Измененное (относительно господствующего в обществе) сознание элиты заставляет ее и руководимое ею общество вкладывать совершенно разный смысл в одни и те же слова и делать самые различные, порою прямо противоположные выводы из одних и тех же фактов. Современный руководитель информатизированной системы управления просто не воспримет слова обычного человека. Он может повстречаться с ходоками, как Ленин, может даже пойти «в народ», — но не для того, чтобы что-то понять или прочувствовать самому, а лишь чтобы улучшить свой имидж среди элиты, укрепить популярность в глазах того же народа и поддержать рейтинг — политический аналог рыночной капитализации.
Это достойная, но совершенно недостаточная для всякого разумного и ответственного руководителя цель.
Таким образом, в условиях широкого применения управляющими системами технологий формирования сознания элита и общество, используя одни и те же слова, вкладывают в них разный смысл. Они в прямом смысле слова говорят на разных языках: обладают разными системами ценностей и преследуют не воспринимаемые друг другом цели. Они могут дружить, обогащать и поддерживать друг друга, могут вводить друг друга в заблуждение и даже враждовать, но утрачивают способность к главному — к взаимопониманию. Как когда-то писал Дизраэли по несколько иному поводу (о бедных и богатых), в стране в прямом смысле этого слова возникают «две нации».
Эта утрата взаимного понимания (несмотря на усилия значительного слоя социологов, пытающихся перевести мнение общества на доступный элите язык) разрушает демократию.

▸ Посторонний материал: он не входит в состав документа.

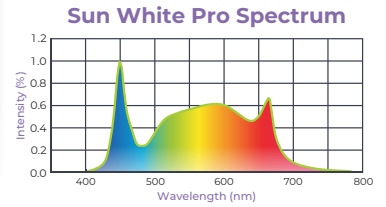

Grow-It-All 3-Tier Walden White LED Grow Tent Kit

Она подменяется хаотической пропагандой и перманентной информационной войной разной степени интенсивности, которую ведут друг с другом наиболее значимые политико-экономические силы. Мирное время отличается от войны тем, что враги одеты в твою форму.
И общественное сознание — не только цель, но и поле боя.

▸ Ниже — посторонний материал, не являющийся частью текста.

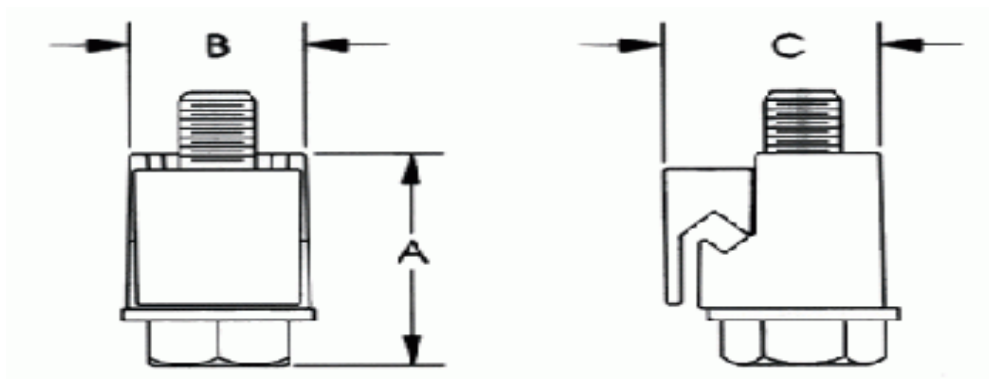

## Bronze Vise Clamps Vise Connectors

Bronze Vise Clamps Bronze Vise Connectors:

Catalog Number	Conductor Diameter Range	Bolt Thread Size	Bolt Hex Head Size	A	B	C
CVC-6	10 sol - 6 str	1/4	3/8	0.88	0.64	0.73
CVC-4	8 sol - 4 str	5/16	9/16	1.13	0.73	0.83
CVC-2	6 sol - 2 sol	5/16	9/16	1.33	0.81	0.93
CVC-2S	5 sol - 2 str	5/16	9/16	1.52	0.79	0.93
CVC-20	4 sol - 1/0 str	5/16	9/16	1.72	0.80	1.03
CVC-20S	3 sol - 2/0 str	3/8	9/16	1.91	0.94	1.19
CVC-40	1/0 str - 4/0 str	3/8	9/16	2.14	0.95	1.27

- One Piece, side opening design eliminates loose parts, cross threading, and eases installation on run conductor
- Wide range allows for minimal inventory
- Easy to install with gloves or hot sticks
- Connectors can be installed on structures, cabinets and enclosures for grounding applications

Разрыв между сознанием общества и элиты усугубляет то, что в информатизированном обществе, то есть обществе, в котором технологии формирования сознания применяются широко, критически значимым влиянием обладает значительно более узкий круг лиц, чем в традиционном доинформационном обществе (хотя сама элита вследствие фрагментации общества и свободы коммуникаций может быть и шире). Это вызвано прежде всего технологическими причинами: одновременной небывалой мобильностью и концентрацией ресурсов.
В результате происходит раздробление сознания самой элиты: каждая ее профессиональная часть, естественным образом воспринимая мир прежде всего через призму «профильных» проблем, подвергается своей собственной особой перестройке сознания, что отрывает ее не только от общества в целом, но и от других частей элиты. Дробление элиты делает невозможной даже внутриэлитарную демократию и поддерживает постоянные противоречия не только между элитой и обществом, но и внутри нее самой.

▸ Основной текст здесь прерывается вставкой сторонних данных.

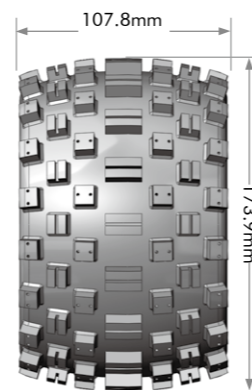

SERIES
MT-ROCK

Конечно, эти противоречия можно рассматривать как фактор адаптивности общества, обеспечивающий его гибкость: при возникновении новых проблем недовольные группы элиты могут натравить общество на управляющую систему и, изменив ее, обеспечить приспособление общества к новым реалиям.
Однако такая гибкость обходится, насколько можно понять, неприемлемо дорого, ибо обеспечивается за счет постоянного поддержания (а то и накопления) внутренней напряженности в обществе и в элите по принципу «все против всех». Сохраняющееся непонимание между обществом и фрагментами элиты (в том числе и теми, которые пытаются им манипулировать) делают вероятным последствием любого резкого движения в политической плоскости выход ситуации из-под контроля.
Таким образом, вырождение демократии лишает общество важнейшего «встроенного стабилизатора», примитивизирует его внутреннее устройство и делает его угрожающе нестабильным.
Существенную проблему для демократии в ее современном западном понимании порождает изменение характера войн, которые ведутся уже не столько государствами, сколько сетевыми структурами. Это вызвано меняющимся характером современной глобальной конкуренции, которая во все большей степени становится межцивилизационной.